Start of EXERCISE DATA
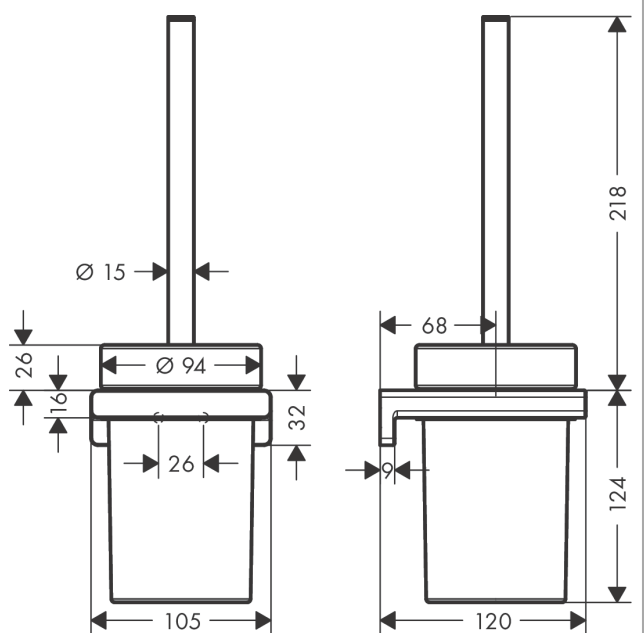

AddStoris

Toilet brush holder wall-mounted

Finish: **Matt Black** Article Number: **41752670**

Description

product features

- wall-mounted
- material: metal
- material recess: matt glass
- with removable insert
- with mounting material
- concealed fastening
- drilling distance 26 mm
- diameter drill hole: 6 mm

Design awards

reddot winner 2021

Product image

Scale drawing

AddStoris

Toilet brush holder wall-mounted

Finish: **Matt Black** Article Number: **41752670**

Exploded Drawing

Year of production: >04/21

AddStoris

Toilet brush holder wall-mounted

Finish: **Matt Black** Article Number: **41752670**

Spare part list

Year of production: >04/21

Pos.	Description	Article Number	PC	PU
1	support element	94165000	3	1
2	mounting set	40915000	4	1
3	plastic ring	94204000	6	1
4	glass cup on its own	94201000	10	1
5	stick with brush	94171670	59	1
6	WC-brush black Ø 75 mm	93822000	4	1
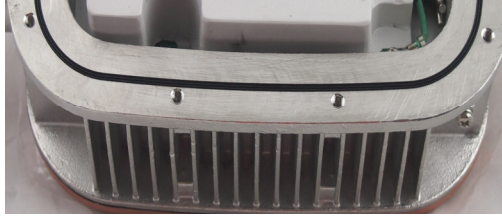

Custom Cast Stainless Steel Housing Offers Solid Protection & Very Good Cooling Performance
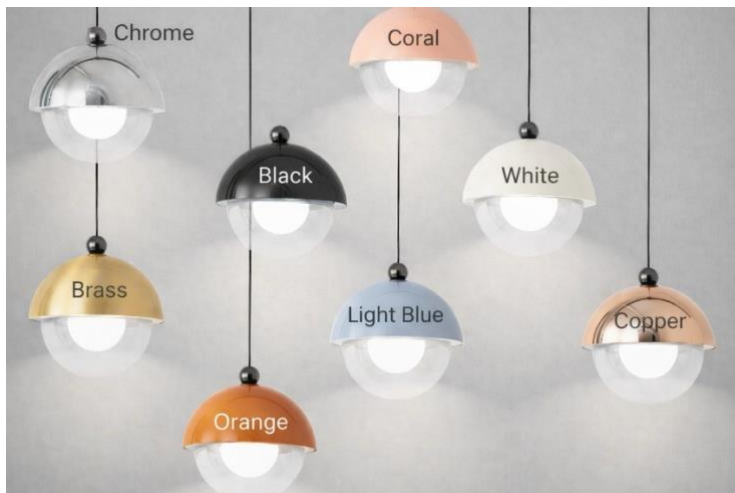

MODEL INFORMATION:

Example: SB-Y104A3WSBU

Products Series Wattage/Size/Lumen	"E" Kelvin temp options	"W" Controls	"Z" Metal / Canopy Finishes	"X" Aircraft Cable	
*SB-Y104A3W= Ø3.94" 1 Light 3W 240 lumen	*S=3000K/3500K/4000K Color Select by internal CCT Color Selector, 4000K factory color default set, CRI 90	*Blank=0-10V dimming for column "E" S and A (default)	*BU=Burgundy	*Blank=4.9 foot 59.06" (default)	
			B=Black	10'=10 foot 120"	
*SB-Y104A5W= Ø4.72" 1 Light 5W 400 lumen	A=2700K/3500K/4000K Color Select by internal CCT color Selector, 4000K factory color default set. CRI 90	L=ELV / Triac dimming for column "E" S and A options	BR=Brass	15'=15 foot 180"	
			CP=Copper	20'=20 foot 240"	
SB-Y1049A30W= Ø4.72" each light, 9 Light 30W 2400 lumen	R3= RGB+3000K	D=DMX (for RGBW and Tunable White, control by Wall Switch or DMX control system)	C=Chrome	25'=25 foot 300"	
	R35= RGB+3500K		CR=Coral		
	R4= RGB+4000K		Z=ZigBee (for RGBW and CCT Tunable / dimnable using remote, App and Google Alexa voice	O=Orange	30'=30 foot 360"
	R5=RGB+5000K		L=Light Blue		
Please request specialty pricing for alternative Kelvin temperatures, light quantities, additional sizes, customizable configurations, specialty color finishes, variations in aircraft cable length, and available controls.		See control options	Find page 3 for Canopy / Metal custom color options or select from website Color Collections		

STANDARD COLOR FINISHES
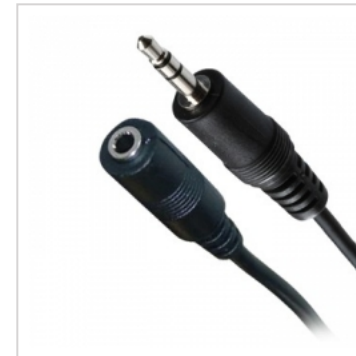

3.5mm Stereo Male...

Get Trade Pricing
End of EXERCISE DATA
● **EXERCISE PROMPT**: Show me every line in the data above that includes "with".

● **RESULT BELOW**:
- with removable insert
- with mounting material
5	stick with brush	94171670	59	1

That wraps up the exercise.